Same goes for sleep—if we do something for our babies that they’re capable of doing for themselves, we take away their chance to grow and progress. Kids will always need our help getting cozy, having the right routine or talking through fears of the dark. But if we expect them to sleep independently, then once they’re comfortable we have to step back and let them be in charge of falling asleep.
My partner and I love to catch parents when babies are little so they can fade their help gradually—pause before rushing in and discern normal baby noises so they don’t jump at every peep—hopefully avoiding the over-helping dilemma altogether.

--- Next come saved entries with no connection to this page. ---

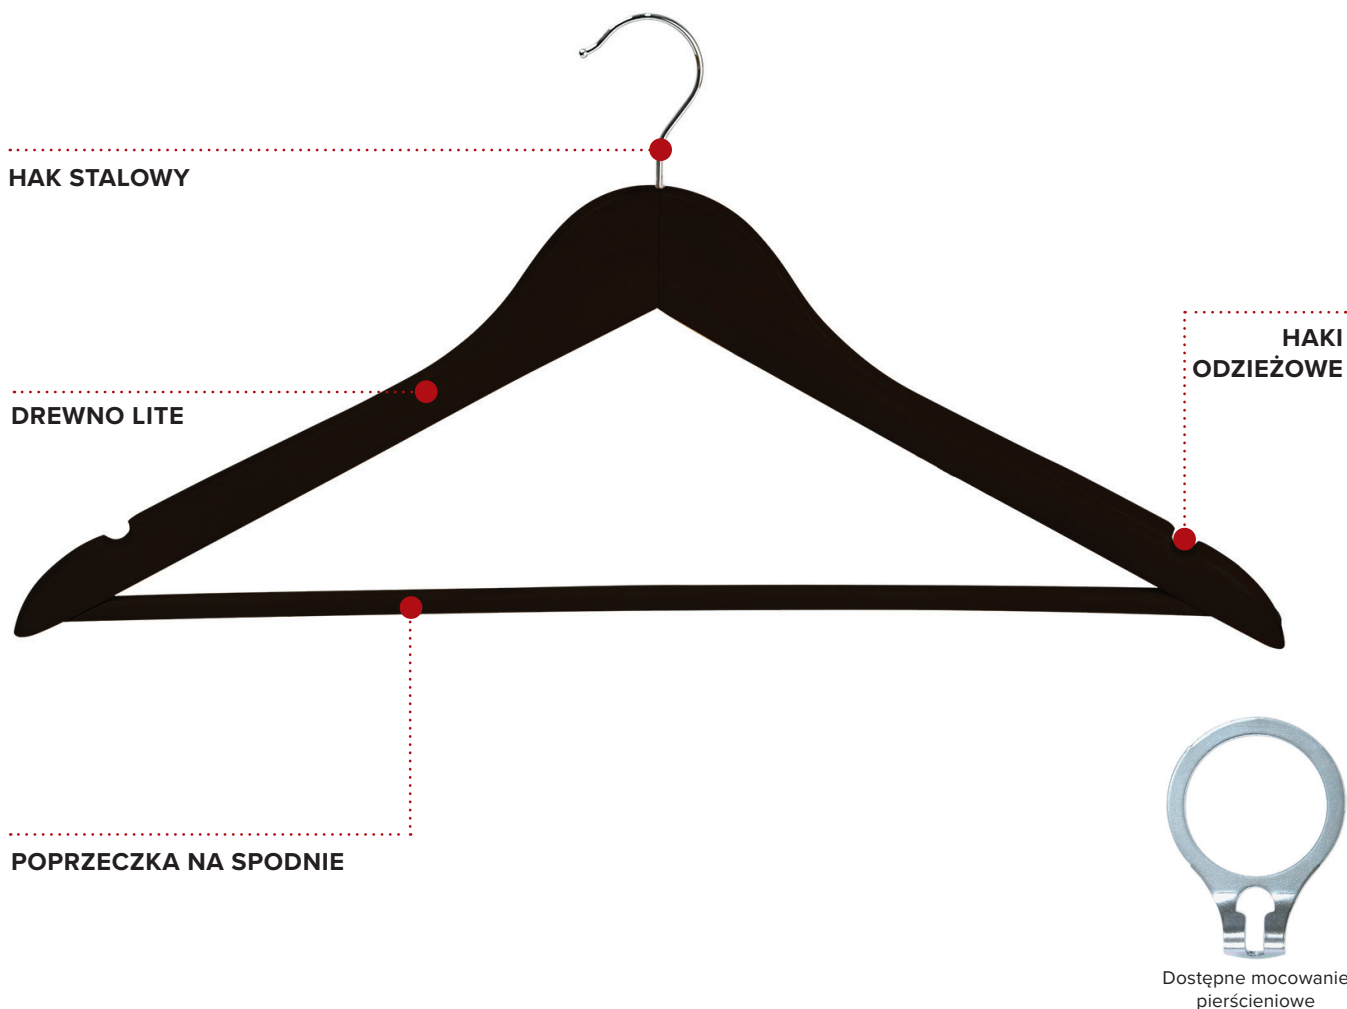

CHELSEA GUEST HANGER

Specification

Black
0.1kg

CINTRE D'INVITÉ CHELSEA

Spécifications

Noir
0,1 kg

PERCHA DE HUÉSPEDES CHELSEA

Especificaciones

Negro
0,1 kg

CHELSEA GÄSTEHAKEN

Beschreibung
Schwarz
0,1 kg

GRUCCIA OSPITI CHELSEA

Caratteristiche

Nero
0,1 kg

WIESZAK DLA GOŚCI CHELSEA

Specyfikacja

Czarny
0,1 kg

UMERAȘ CHELSEA PENTRU OASPEȚI

Specificații
Negru
0.1 kg

VĚŠÁK PRO HOSTY CHELSEA

Specifikace

Černá
0,1 kg
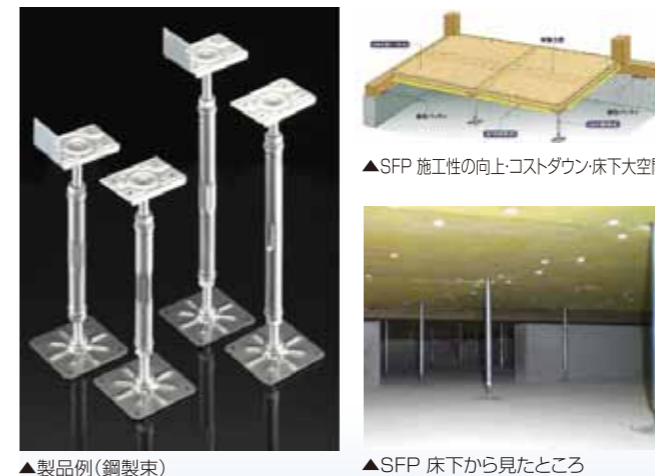

【事業内容・営業品目】

各種床下地システムと支持脚(鋼製束)

▲製品例(鋼製束) ▲SFP 施工性の向上・コストダウン・床下大空間 ▲SFP 床下から見たところ
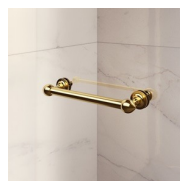

Terminales dorados, manetas con cristales de Swarovski incrustados, agarraderos toalleros... muchos son los accesorios con los que se puede enriquecer y personalizar las cabinas de ducha de la serie Gold. También los paneles de cristal pueden ser embellecidos con formas arqueadas o decoraciones especiales.

CARACTERISTICAS

- Extensibilidad de 40 mm
- Cierre magnético.
- Apertura interna y externa
- S.M.F. Sistema de montaje fácil
- Perfil de refuerzo del arco
- Producto con marca CE
- Combinable con el elemento GLG para plato de ducha de ángulo
- Doble posibilidad de nivelado al finalizar la instalación de la cabina.

MATERIALES

- Elementos fijos de cristal templado de seguridad de 8 mm
- Puerta de cristal templado de seguridad de 6 mm.
- Perfiles en aluminio anodizado.

DIMENSIONES

L: Min 138 - Max 179 cm
H: Min 180 - Max 205 cm
H standard: 195 cm

ELEMENTOS DE FINALIZACIÓN

POMOS Y MANETAS M2R
STANDARD

ELEMENTOS DECORATIVOS
TDG

PORTA TOALLA PSG

POMOS Y MANETAS QMA

LA BARRA DE SUJECIÓN
PST GOLD

PERFILES

PERFILES ANODIZADOS 21
- PLATEADO BRILLANTE
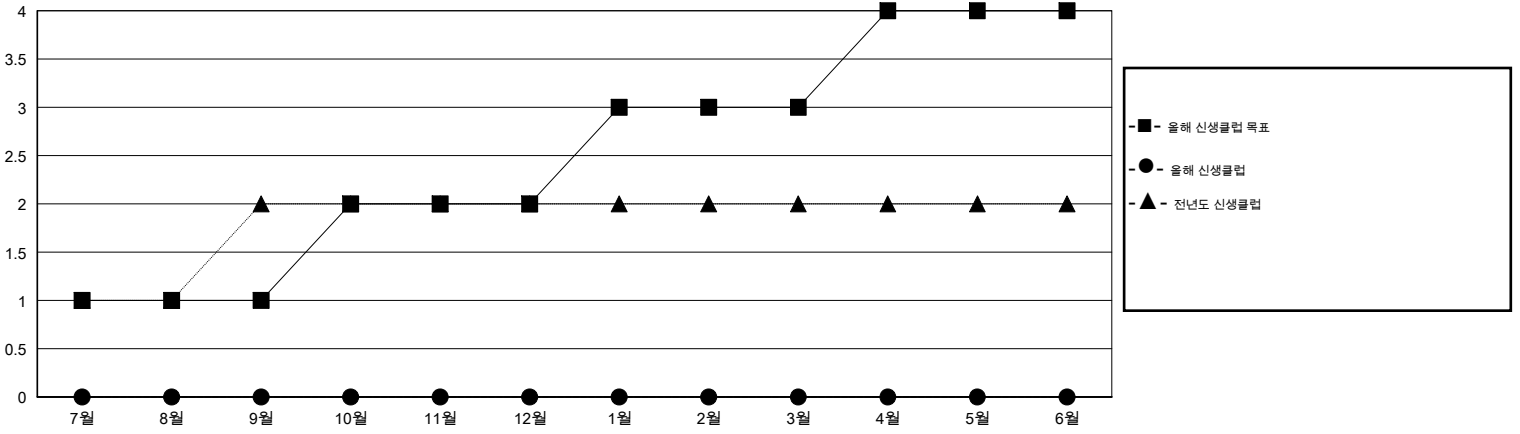

MONTHLY MEMBERSHIP PROGRESS REPORT

District 354 F

Results as of: 2/17/2014 11:17:44AM

GMT: BYEONG-DEOK KIM

장소 REPUBLIC OF KOREA

현장지역 GMT 5

클럽				
결과- 2013-2014				
사분기	신생클럽 목표	신생클럽	해산된 클럽	순증강/ 감소
7월/8월/9월	1	0	0	0
10월/11월/12월	1	0	0	0
1월/2월/3월	1	0	0	0
4월/5월/6월	1	0	0	0

회원 1인당				
결과- 2013-2014				
사분기	신입회원 목표	신입회원	퇴회한 회원	순증강/ 감소
7월/8월/9월	80	169	145	24
10월/11월/12월	70	133	115	18
1월/2월/3월	60	33	37	-4
4월/5월/6월	40	0	0	0

목표 및 누적 신생클럽 수

목표 및 누적 회원수

해산된 클럽: 0	1명 이상의 신입회원을 등록한 59 CLUBS OF 77	성별 분포 남성 1,677 (75.30%) 여성 550 (24.70%)																
<table border="1"> <thead> <tr> <th colspan="2">퇴회회원</th> </tr> </thead> <tbody> <tr> <td>작고</td> <td>1</td> </tr> <tr> <td>클럽해산</td> <td>0</td> </tr> <tr> <td>기타</td> <td>296</td> </tr> <tr> <td>합계</td> <td>297</td> </tr> </tbody> </table>	퇴회회원		작고	1	클럽해산	0	기타	296	합계	297	여기에 클릭하여 현황보고 내용 검토	<table border="1"> <tbody> <tr> <td>가족단위 회원</td> <td>0</td> </tr> <tr> <td>세대주</td> <td>0</td> </tr> <tr> <td>비 세대주</td> <td>0</td> </tr> </tbody> </table>	가족단위 회원	0	세대주	0	비 세대주	0
퇴회회원																		
작고	1																	
클럽해산	0																	
기타	296																	
합계	297																	
가족단위 회원	0																	
세대주	0																	
비 세대주	0																	
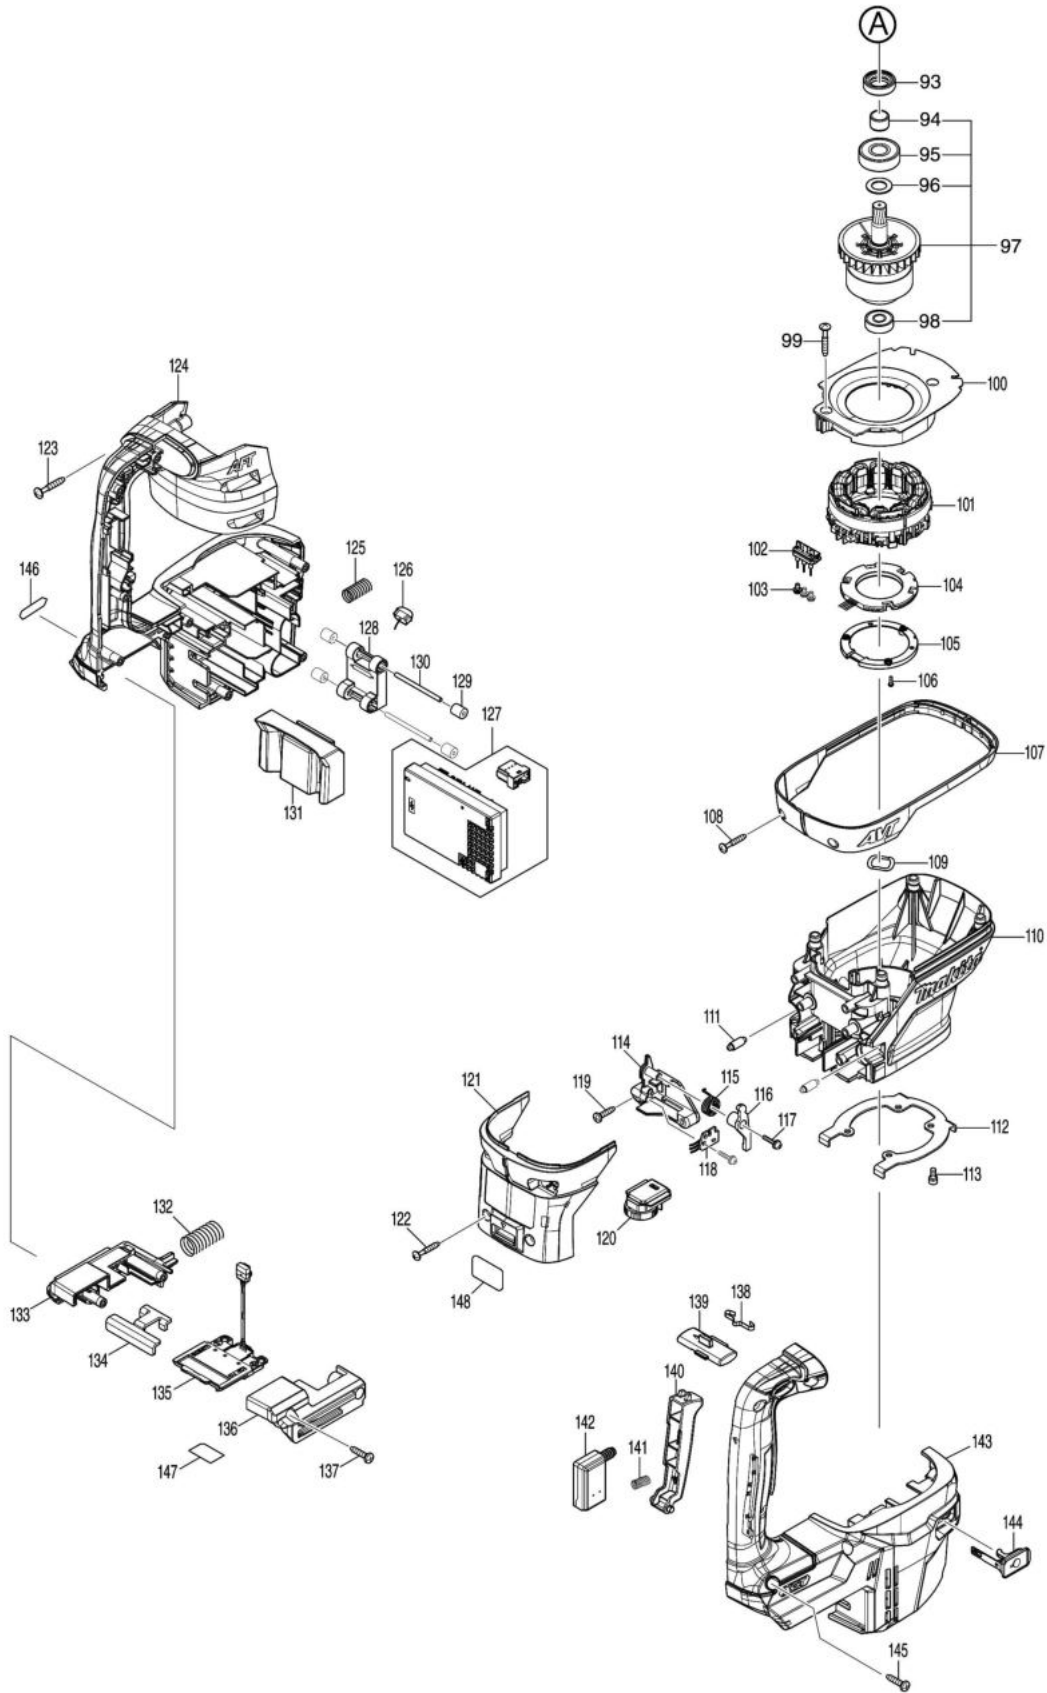

Model No.HR005G 40MM CORDLESS ROTARY HAMMER

Model No.HR005G 40MM CORDLESS ROTARY HAMMER

Model No.HR005G 40MM CORDLESS ROTARY HAMMER

Položka	Číslo dílu	Popis	Změna	Množství	New/Old	Možnost 1	Možnost 2	Poznámka
001	286292-7	TOOL HOLDER CAP		1				
002	233948-3	RING SPRING 25		1				
003	257308-5	RING 28		1				
004	454330-5	CHUCK COVER		1				
005	262167-4	RUBBER RING 30		1				
006	326272-2	CHUCK RING		1				
007	454331-3	RELEASE COVER		1				
008	310257-8	TOOL RETAINER		2				
009	346670-4	SPRING GUIDE		1				
010	234288-2	COMPRESSION SPRING 46		1				
011	346670-4	SPRING GUIDE		1				
012	424560-2	HOUSING CAP		1				
013	922351-0	HEX. SOCKET HEAD BOLT M6X30		4				
014	141957-7	HOUSING COVER A COMPLETE		1				
C10	810100-6	CAUTION LABEL		1				
015	213615-6	O RING 46		1				
016	141956-9	BARREL COMPLETE		1				
C10	213490-0	OIL SEAL 32		1				
C20	213492-6	O-RING 32		1				
C30	233963-7	RING SPRING 45		1				
017	454337-1	LOCK SLEEVE		1				
018	234290-5	RING SPRING 59		1				
019	213707-1	O RING 65		1				
020	267469-3	FLAT WASHER 32		1				
021	262168-2	RUBBER RING 32		1				
022	267469-3	FLAT WASHER 32		1				
023	326268-3	TOOL HOLDER		1				
024	213317-4	O RING 20		2				
025	213392-0	FLUORIDE RING 25		2				
026	136377-8	IMPACT BOLT ASSY		1				
D10		INC. 24,25						
027	326274-8	RING 17		1				
028	262166-6	RUBBER RING 18		1				
029	454347-8	SLIDE SLEEVE		1				
030	326270-6	STRIKER		1				
031	213695-2	O-RING 22		1				
032	234289-0	COMPRESSION SPRING 33		1				
033	346673-8	GUIDE RING		1				
034	256548-2	FLAT FILLISTER HEAD PIN 6		1				
035	346671-2	LINK PLATE		1				
036	313255-1	DRIVING SLEEVE		1				
037	257991-8	RETAINING RING (EXT) WR- 32.5		1				
038	257340-9	RING 33		1				
039	267470-8	FLAT WASHER 33		1				
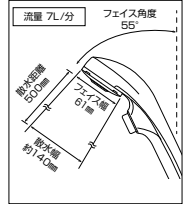

動画
PZS315(T)

部品一覧P.460

※「ワンストップ」はKVKの登録商標です。
△ワンストップシャワーヘッドの取付条件はP207をご参照ください。
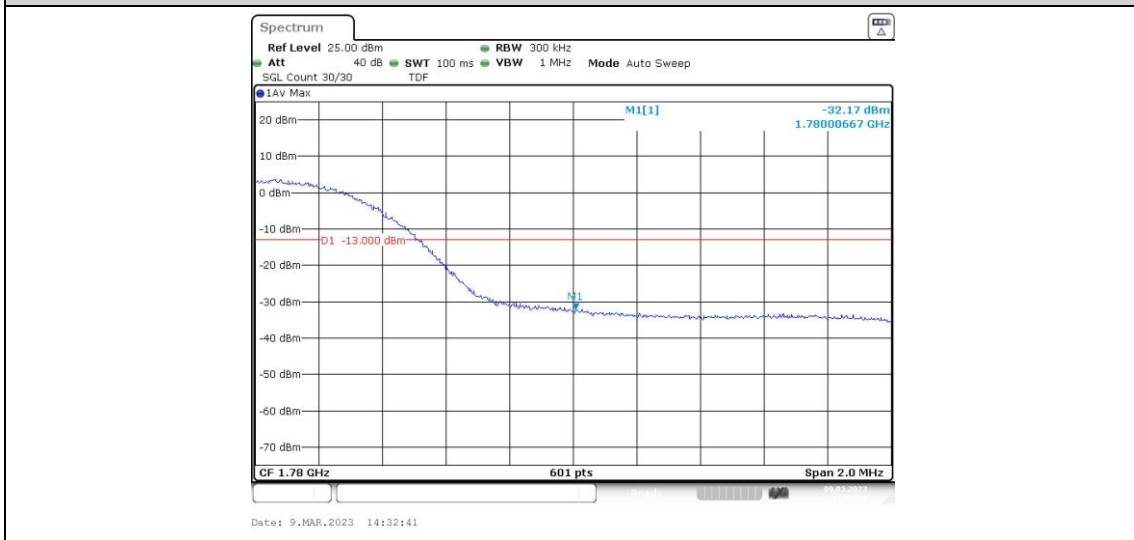

Band66-15MHz-16QAM-132047-1RB#74

Band66-15MHz-16QAM-132047-75RB#0

Band66-15MHz-16QAM-132597-1RB#0

Band66-15MHz-16QAM-132597-1RB#74

Band66-15MHz-16QAM-132597-75RB#0

Band66-20MHz-QPSK-132072-1RB#0

Band66-20MHz-QPSK-132072-1RB#99
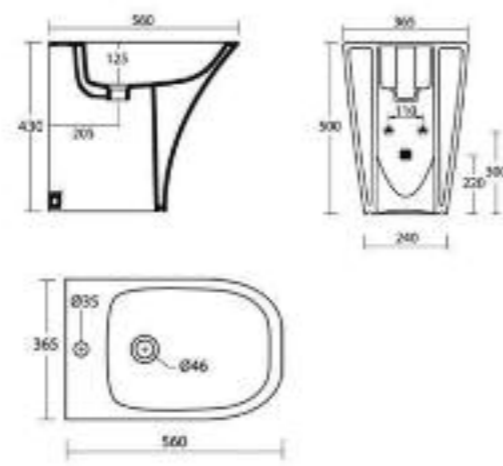

Art. 0559
Bidet a terra Vela
Vela back to wall bidet

Art. 0259
Vaso Vela per cassetta monoblocco
Vela for wc monoblock
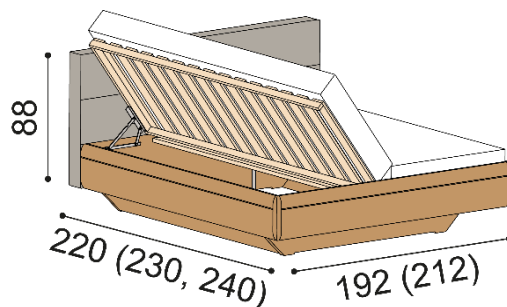

**Termín dodání dle potvrzení objednávky, na atypy je platný od odsouhlasení výrobní dokumentace a po úhradě zálohy.**

Postel TEDA vyrábíme i v délkách 210 a 220 cm s příplatkem **3 610,- Kč** (DUB/DUB RUSTIK), **3 320,-Kč** (JASAN).  
Příplatek za úložný prostor pro postele délky 210 a 220 cm je **1 320,- Kč** (DUB/DUB RUSTIK) a **1 210,-Kč** (JASAN).  
Výška postele po horní hranu bočnice je 47 cm.  
Šířka nočního stolku je 45 cm. Hloubka pro zapuštění matrace je 18 cm od horní hrany bočnice.  
Čelo je závěsné a je možné ho zavěsit do libolné výšky.

### Postel TEDA

dvoulůžko  
- nízké hlavové čelo

rozměr	látka MYSTIC		látka STEINER	
	JASAN JÁDROVÝ	DUB RUSTIK	JASAN JÁDROVÝ	DUB RUSTIK
180x200 cm	58770,-	62120,-	64140,-	67490,-
200x200 cm	64130,-	67710,-	70560,-	74140,-

### Postel TEDA

dvoulůžko s úložným prostorem  
- nízké hlavové čelo

rozměr	látka MYSTIC		látka STEINER	
	JASAN JÁDROVÝ	DUB RUSTIK	JASAN JÁDROVÝ	DUB RUSTIK
180x200 cm	71530,-	75980,-	76900,-	81350,-
200x200 cm	76890,-	81570,-	83320,-	88000,-

### Postel TEDA

dvoulůžko s nočními stolky šířky 45 cm  
- nízké hlavové čelo

rozměr	látka MYSTIC		látka STEINER	
	JASAN JÁDROVÝ	DUB RUSTIK	JASAN JÁDROVÝ	DUB RUSTIK
180x200 cm	77870,-	82880,-	83240,-	88250,-
200x200 cm	83230,-	88470,-	89660,-	94900,-
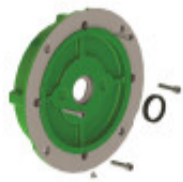

Brida p/motor W22 y W21, tamaño FF165 C80 - MO8174

CÓDIGO: MO8174

MARCA: Weg

DESCRIPCIÓN: Brida para motor monofásico-trifásico W21 y W22, tamaño FF165 carcasa 80 Weg

CARACTERÍSTICAS:

Las imágenes son meramente ilustrativas y pueden, en algunos casos, no coincidir exactamente con el producto final.
Las descripciones y detalles de los artículos ofrecidos, son meramente informativos y pueden no coincidir en un todo con el producto final

Often we see parents at a crisis point, though. They have a 9-month-old who wakes every two hours, or a 20-pound toddler they bounce to sleep on a yoga ball (you wouldn’t believe how many we’ve met). Changing such an entrenched over-helping pattern usually means the baby will protest and cry at first.
This is where the attachment-versus-crying debate sparks flames. But again, our job as parents is not to make our kids happy at every moment, or to take away all their frustrations and make everything easy. A little struggle is okay. It’s our job to acknowledge difficult feelings, to hang in there and let our kids know that we’re with them and to let them do what they’re capable of.
Let’s unswaddle this tightly-wound debate. The argument itself is making people tired. The goals of the two sides (good sleep, good emotional health) are not only compatible, they feed each other. If we keep these goals in mind, we won’t scare parents into thinking they’re going to do it wrong. And we’ll all be able to do what we’re biologically programmed to do—get a good night’s sleep.